---------- Supplied data ----------

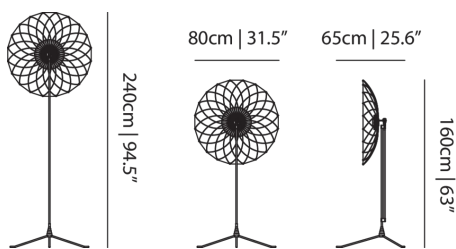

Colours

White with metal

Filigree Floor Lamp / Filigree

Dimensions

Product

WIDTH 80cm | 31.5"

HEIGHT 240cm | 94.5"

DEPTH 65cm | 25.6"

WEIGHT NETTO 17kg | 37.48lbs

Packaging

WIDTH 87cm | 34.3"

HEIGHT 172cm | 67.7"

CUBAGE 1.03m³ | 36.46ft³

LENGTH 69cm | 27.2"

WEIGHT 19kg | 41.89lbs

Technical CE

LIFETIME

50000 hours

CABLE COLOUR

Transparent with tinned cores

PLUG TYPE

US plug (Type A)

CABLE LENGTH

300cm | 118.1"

----------
---------- Supplied data ----------

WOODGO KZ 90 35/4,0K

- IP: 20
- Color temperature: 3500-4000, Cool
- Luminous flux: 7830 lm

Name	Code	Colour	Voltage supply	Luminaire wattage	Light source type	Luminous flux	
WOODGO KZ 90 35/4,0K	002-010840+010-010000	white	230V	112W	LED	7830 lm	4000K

----------
---------- Supplied data ----------

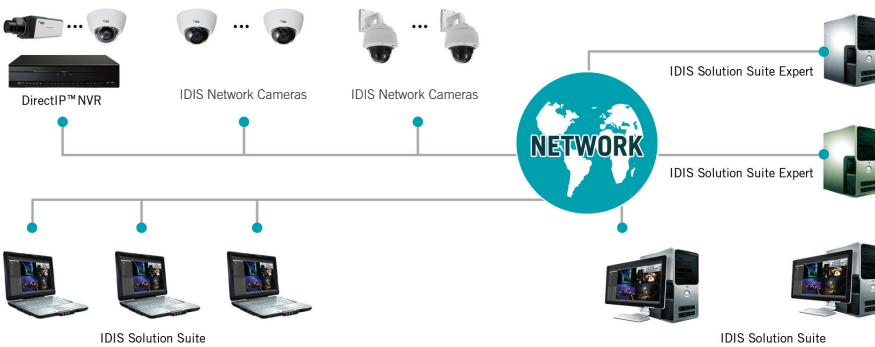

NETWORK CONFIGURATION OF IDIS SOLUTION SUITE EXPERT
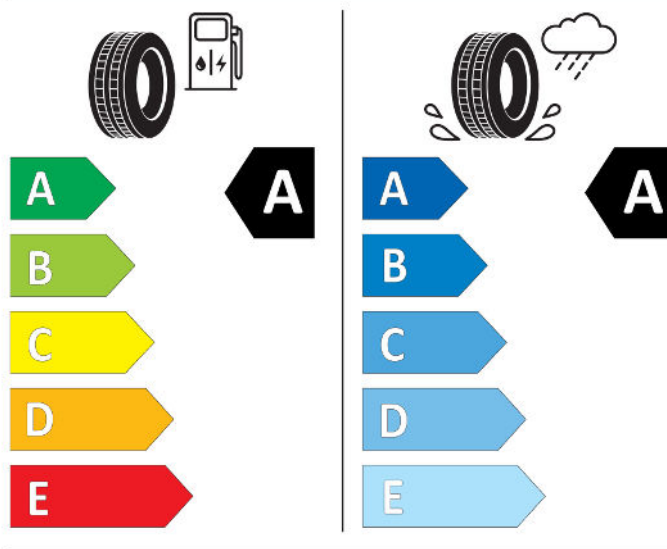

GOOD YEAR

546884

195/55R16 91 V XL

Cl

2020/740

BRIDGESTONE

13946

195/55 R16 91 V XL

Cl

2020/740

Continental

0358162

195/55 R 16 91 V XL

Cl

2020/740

----------

Task goal:
Gather from the data above every line with the string "Luminous".

Problem solution:
- Luminous flux: 7830 lm
Name	Code	Colour	Voltage supply	Luminaire wattage	Light source type	Luminous flux	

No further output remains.